Could you please output all of the data exactly, without the images?

DATA FOR REVIEW Block Start

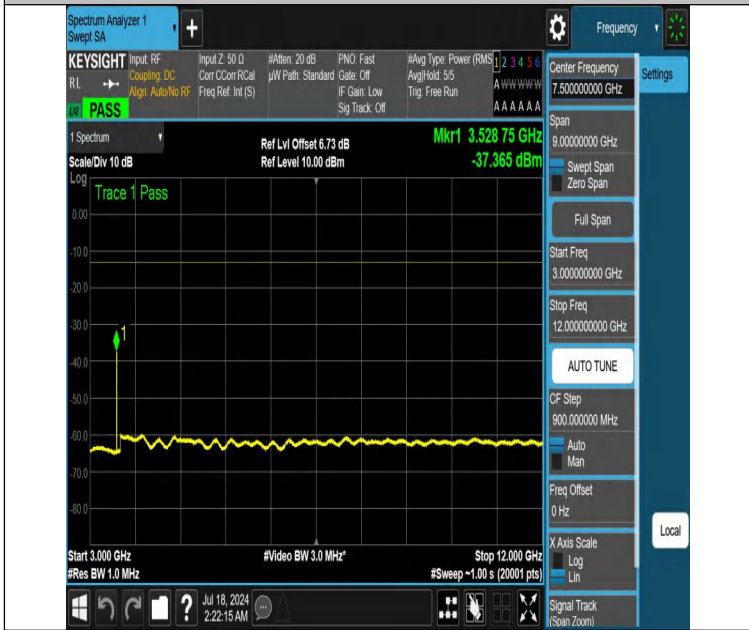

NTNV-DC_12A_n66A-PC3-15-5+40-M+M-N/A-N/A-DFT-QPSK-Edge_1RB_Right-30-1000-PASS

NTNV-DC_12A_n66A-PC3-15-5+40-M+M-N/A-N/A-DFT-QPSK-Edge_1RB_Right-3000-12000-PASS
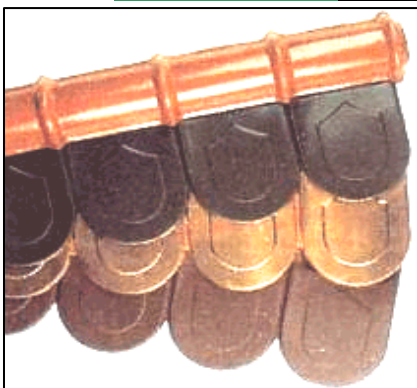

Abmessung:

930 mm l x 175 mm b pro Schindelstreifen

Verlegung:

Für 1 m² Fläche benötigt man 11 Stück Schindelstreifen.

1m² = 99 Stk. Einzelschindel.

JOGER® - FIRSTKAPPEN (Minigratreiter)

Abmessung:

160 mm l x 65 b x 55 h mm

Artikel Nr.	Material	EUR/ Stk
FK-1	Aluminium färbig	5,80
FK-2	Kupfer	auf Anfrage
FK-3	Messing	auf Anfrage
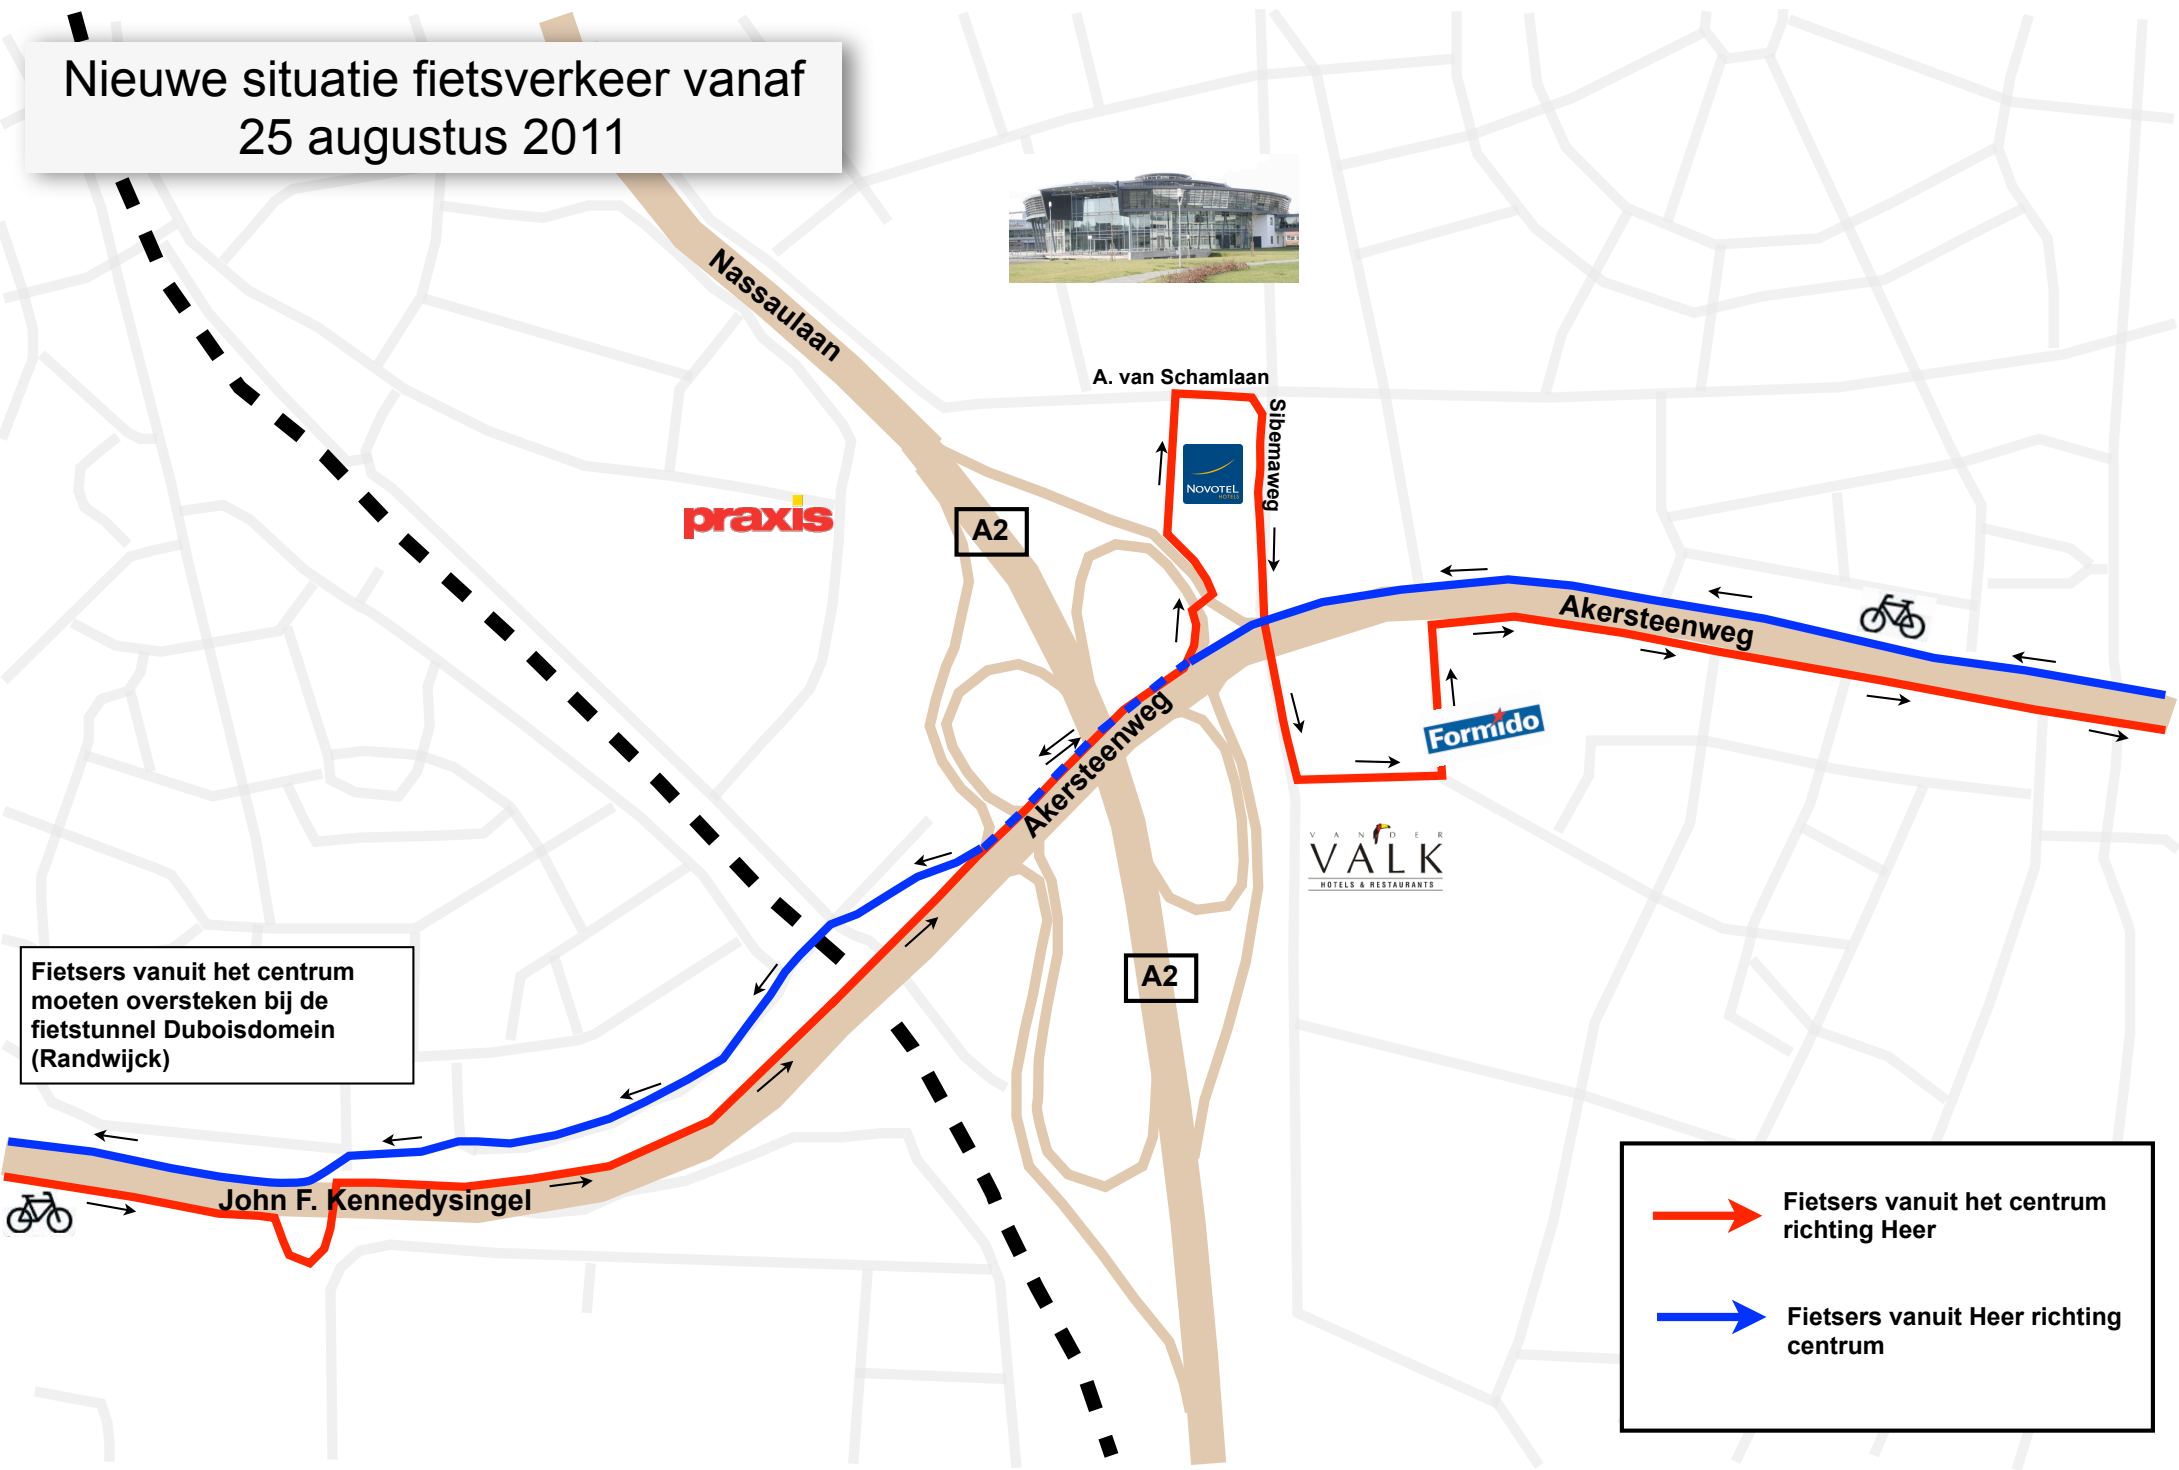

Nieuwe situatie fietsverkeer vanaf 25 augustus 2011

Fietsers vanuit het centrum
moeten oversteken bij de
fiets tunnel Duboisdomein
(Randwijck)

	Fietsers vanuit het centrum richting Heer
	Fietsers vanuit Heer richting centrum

DATA FOR REVIEW Block End

ANSWER BOX:
NTNV-DC_12A_n66A-PC3-15-5+40-M+M-N/A-N/A-DFT-QPSK-Edge_1RB_Right-30-1000-PASS

NTNV-DC_12A_n66A-PC3-15-5+40-M+M-N/A-N/A-DFT-QPSK-Edge_1RB_Right-3000-12000-PASS

Abmessung:

930 mm l x 175 mm b pro Schindelstreifen

Verlegung:

Für 1 m² Fläche benötigt man 11 Stück Schindelstreifen.

1m² = 99 Stk. Einzelschindel.

JOGER® - FIRSTKAPPEN (Minigratreiter)

Abmessung:

160 mm l x 65 b x 55 h mm

Artikel Nr.	Material	EUR/ Stk
FK-1	Aluminium färbig	5,80
FK-2	Kupfer	auf Anfrage
FK-3	Messing	auf Anfrage

Nieuwe situatie fietsverkeer vanaf 25 augustus 2011

Fietsers vanuit het centrum
moeten oversteken bij de
fiets tunnel Duboisdomein
(Randwijck)

	Fietsers vanuit het centrum richting Heer
	Fietsers vanuit Heer richting centrum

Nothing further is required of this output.